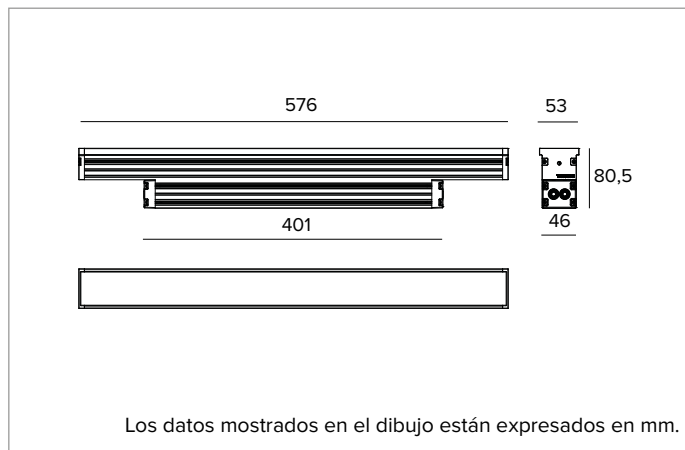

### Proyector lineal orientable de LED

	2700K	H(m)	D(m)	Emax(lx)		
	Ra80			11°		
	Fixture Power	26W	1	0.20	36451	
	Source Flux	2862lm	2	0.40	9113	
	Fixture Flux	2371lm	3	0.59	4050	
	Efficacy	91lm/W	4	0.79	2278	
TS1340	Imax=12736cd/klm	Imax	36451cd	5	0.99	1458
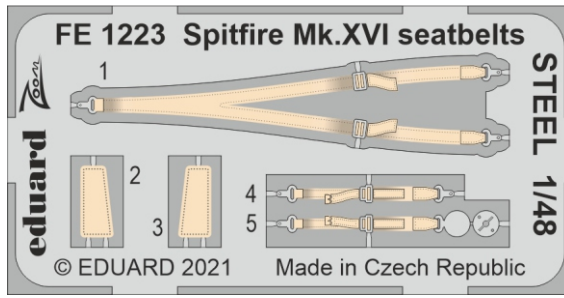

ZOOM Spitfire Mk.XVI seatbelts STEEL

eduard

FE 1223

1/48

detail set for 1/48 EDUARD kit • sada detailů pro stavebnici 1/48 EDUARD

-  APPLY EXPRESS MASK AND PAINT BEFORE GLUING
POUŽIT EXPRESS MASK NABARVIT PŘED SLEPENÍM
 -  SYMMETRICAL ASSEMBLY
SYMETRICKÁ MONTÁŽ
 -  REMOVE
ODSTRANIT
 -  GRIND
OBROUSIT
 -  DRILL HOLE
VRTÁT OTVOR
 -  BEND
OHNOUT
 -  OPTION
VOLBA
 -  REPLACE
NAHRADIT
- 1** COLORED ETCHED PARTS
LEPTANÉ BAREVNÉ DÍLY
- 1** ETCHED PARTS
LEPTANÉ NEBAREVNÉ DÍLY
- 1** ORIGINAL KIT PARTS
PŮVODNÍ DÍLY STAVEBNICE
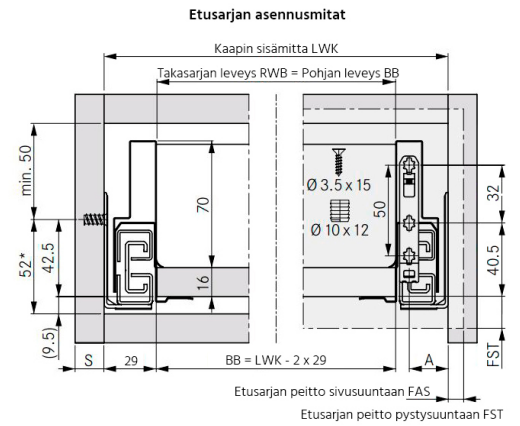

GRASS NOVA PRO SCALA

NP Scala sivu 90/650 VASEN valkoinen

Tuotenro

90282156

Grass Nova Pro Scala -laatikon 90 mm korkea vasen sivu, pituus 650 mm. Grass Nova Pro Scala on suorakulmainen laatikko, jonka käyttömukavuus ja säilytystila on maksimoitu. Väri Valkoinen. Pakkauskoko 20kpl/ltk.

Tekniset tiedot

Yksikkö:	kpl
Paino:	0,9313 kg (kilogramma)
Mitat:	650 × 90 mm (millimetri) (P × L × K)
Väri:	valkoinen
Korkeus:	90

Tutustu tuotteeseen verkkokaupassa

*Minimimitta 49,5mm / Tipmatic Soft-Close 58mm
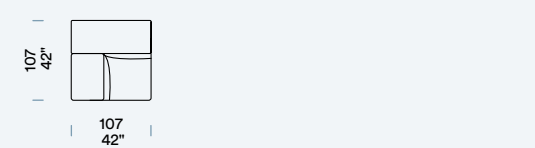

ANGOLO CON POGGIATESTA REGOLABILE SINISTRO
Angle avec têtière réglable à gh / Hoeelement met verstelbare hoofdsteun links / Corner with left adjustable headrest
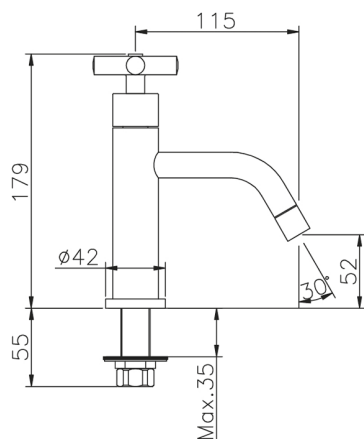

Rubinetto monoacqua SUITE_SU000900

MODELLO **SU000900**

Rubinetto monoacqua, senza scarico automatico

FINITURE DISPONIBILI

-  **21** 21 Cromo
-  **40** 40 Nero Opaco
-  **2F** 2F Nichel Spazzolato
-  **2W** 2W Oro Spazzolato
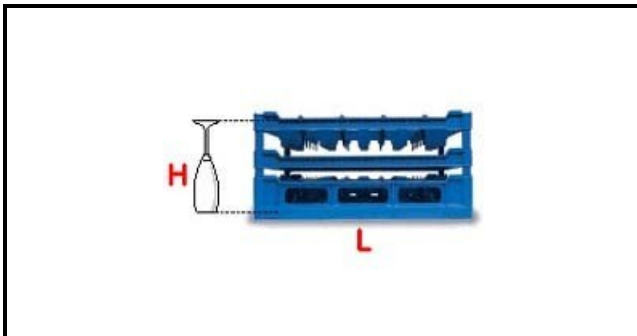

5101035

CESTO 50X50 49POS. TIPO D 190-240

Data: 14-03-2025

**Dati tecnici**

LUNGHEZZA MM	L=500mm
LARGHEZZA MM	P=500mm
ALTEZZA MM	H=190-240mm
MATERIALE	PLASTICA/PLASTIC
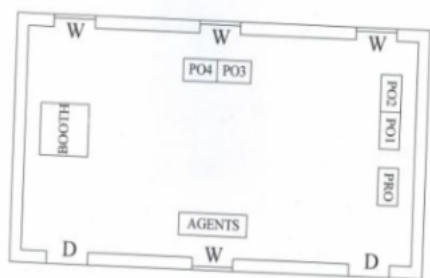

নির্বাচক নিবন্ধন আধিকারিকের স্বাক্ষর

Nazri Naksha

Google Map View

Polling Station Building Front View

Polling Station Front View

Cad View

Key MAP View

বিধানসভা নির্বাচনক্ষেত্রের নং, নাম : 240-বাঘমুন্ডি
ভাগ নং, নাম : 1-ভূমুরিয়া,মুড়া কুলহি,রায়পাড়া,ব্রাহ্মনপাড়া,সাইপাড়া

----------------------------------------

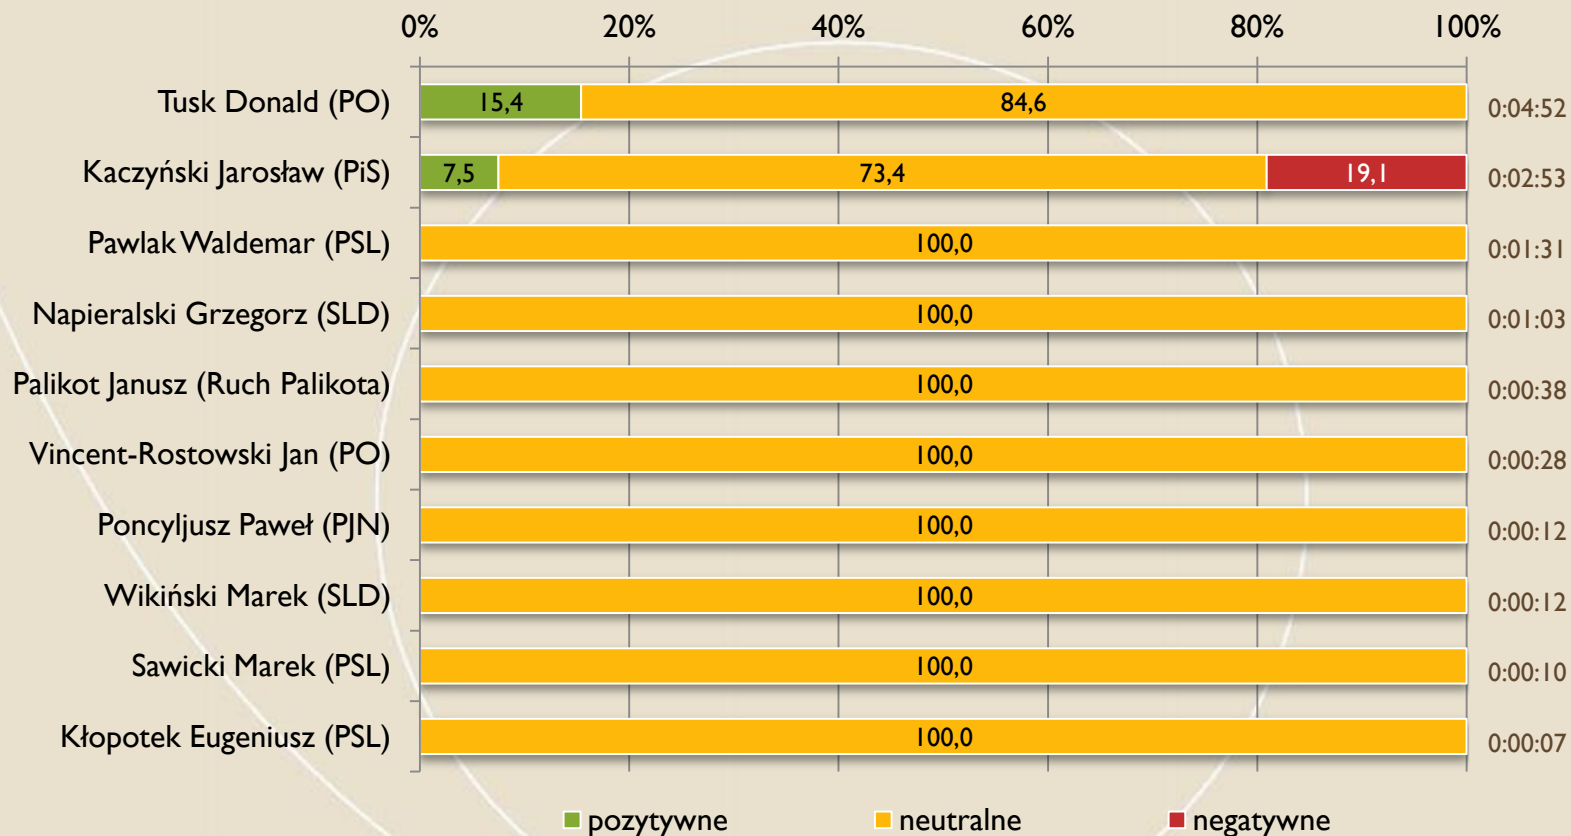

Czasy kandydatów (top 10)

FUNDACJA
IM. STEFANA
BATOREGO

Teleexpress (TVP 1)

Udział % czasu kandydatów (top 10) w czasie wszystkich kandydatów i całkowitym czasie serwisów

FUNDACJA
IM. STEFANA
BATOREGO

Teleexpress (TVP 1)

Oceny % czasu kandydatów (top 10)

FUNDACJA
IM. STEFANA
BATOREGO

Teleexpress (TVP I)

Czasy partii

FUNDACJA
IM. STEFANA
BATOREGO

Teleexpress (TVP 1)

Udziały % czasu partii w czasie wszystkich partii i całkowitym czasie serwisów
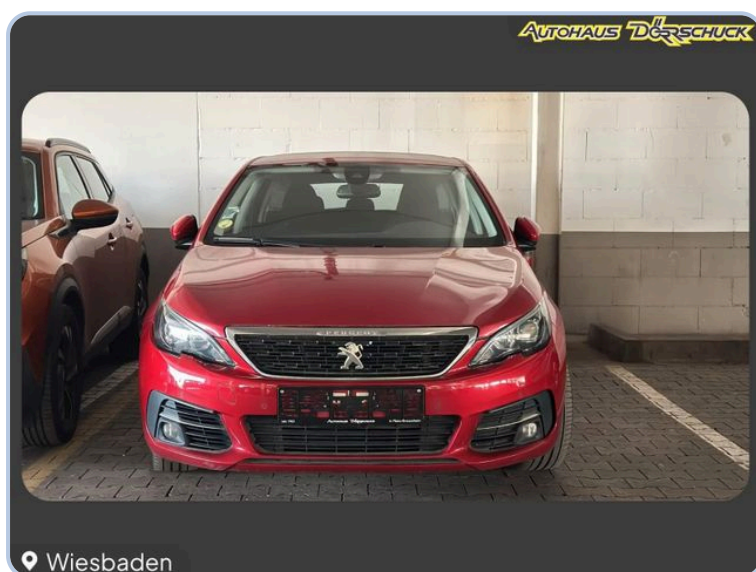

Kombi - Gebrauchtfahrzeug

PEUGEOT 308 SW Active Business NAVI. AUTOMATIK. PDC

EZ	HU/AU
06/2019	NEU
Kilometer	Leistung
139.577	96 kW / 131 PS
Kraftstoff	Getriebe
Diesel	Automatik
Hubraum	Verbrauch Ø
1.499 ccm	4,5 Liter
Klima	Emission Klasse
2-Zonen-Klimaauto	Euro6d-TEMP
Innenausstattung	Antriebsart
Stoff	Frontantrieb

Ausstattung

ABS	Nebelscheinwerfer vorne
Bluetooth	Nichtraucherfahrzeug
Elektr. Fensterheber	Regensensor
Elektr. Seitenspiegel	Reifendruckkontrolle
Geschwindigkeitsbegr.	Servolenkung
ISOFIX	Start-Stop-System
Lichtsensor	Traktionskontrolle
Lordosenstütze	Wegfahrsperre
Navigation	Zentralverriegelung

----------------------------------------

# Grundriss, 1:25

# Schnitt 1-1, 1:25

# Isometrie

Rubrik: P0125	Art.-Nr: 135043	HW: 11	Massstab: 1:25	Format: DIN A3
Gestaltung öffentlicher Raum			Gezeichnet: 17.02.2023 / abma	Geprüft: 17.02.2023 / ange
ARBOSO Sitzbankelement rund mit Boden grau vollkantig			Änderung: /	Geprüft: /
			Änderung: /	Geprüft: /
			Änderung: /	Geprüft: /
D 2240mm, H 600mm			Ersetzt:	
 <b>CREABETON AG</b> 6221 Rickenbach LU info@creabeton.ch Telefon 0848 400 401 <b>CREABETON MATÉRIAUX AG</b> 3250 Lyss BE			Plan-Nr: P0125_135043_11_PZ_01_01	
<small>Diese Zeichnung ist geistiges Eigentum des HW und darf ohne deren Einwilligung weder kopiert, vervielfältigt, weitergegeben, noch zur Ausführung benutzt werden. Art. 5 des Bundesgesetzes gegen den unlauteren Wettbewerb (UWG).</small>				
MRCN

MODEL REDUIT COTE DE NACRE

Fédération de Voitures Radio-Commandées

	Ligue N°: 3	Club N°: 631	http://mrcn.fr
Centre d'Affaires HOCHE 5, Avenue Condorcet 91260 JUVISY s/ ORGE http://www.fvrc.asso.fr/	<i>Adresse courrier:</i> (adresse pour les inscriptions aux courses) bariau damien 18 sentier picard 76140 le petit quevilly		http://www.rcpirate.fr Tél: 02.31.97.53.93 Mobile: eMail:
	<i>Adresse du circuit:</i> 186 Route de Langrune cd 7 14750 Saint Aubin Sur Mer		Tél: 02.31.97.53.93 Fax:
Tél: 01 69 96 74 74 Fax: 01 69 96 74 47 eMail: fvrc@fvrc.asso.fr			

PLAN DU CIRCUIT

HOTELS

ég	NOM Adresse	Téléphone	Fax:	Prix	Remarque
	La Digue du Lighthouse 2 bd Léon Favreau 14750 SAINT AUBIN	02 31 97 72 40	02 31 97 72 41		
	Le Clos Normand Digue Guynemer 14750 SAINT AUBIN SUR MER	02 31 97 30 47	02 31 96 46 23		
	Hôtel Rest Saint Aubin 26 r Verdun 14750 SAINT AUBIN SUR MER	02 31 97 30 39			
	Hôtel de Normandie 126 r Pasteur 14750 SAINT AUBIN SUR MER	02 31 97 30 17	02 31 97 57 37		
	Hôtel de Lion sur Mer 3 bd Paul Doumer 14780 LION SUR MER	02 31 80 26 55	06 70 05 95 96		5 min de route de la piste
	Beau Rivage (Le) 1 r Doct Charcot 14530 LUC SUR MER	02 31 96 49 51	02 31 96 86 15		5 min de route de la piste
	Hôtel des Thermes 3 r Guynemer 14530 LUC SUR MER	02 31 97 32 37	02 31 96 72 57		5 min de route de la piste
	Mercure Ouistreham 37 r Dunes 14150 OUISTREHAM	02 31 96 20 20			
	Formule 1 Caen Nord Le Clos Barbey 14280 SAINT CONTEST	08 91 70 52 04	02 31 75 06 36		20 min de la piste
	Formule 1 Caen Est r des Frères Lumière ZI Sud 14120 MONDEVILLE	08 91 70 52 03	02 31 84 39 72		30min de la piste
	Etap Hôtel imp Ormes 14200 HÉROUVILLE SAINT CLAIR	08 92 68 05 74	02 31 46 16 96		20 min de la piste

----------------------------------------

Task instructions: Take the entries above and copy exactly the lines starting at the one with "Grass Nova Pro Scala -laatikon" and ending at the one with "নির্বাচক নিবন্ধন আধিকারিকের স্বাক্ষর"; nothing outside that span, and no pictures.

Solution for this exercise:
Grass Nova Pro Scala -laatikon 90 mm korkea vasen sivu, pituus 650 mm. Grass Nova Pro Scala on suorakulmainen laatikko, jonka käyttömukavuus ja säilytystila on maksimoitu. Väri Valkoinen. Pakkauskoko 20kpl/ltk.

Tekniset tiedot

Yksikkö:	kpl
Paino:	0,9313 kg (kilogramma)
Mitat:	650 × 90 mm (millimetri) (P × L × K)
Väri:	valkoinen
Korkeus:	90

Tutustu tuotteeseen verkkokaupassa

*Minimimitta 49,5mm / Tipmatic Soft-Close 58mm

ANGOLO CON POGGIATESTA REGOLABILE SINISTRO
Angle avec têtière réglable à gh / Hoeelement met verstelbare hoofdsteun links / Corner with left adjustable headrest

Rubinetto monoacqua SUITE_SU000900

MODELLO **SU000900**

Rubinetto monoacqua, senza scarico automatico

FINITURE DISPONIBILI

-  **21** 21 Cromo
-  **40** 40 Nero Opaco
-  **2F** 2F Nichel Spazzolato
-  **2W** 2W Oro Spazzolato

5101035

CESTO 50X50 49POS. TIPO D 190-240

Data: 14-03-2025

**Dati tecnici**

LUNGHEZZA MM	L=500mm
LARGHEZZA MM	P=500mm
ALTEZZA MM	H=190-240mm
MATERIALE	PLASTICA/PLASTIC

নির্বাচক নিবন্ধন আধিকারিকের স্বাক্ষর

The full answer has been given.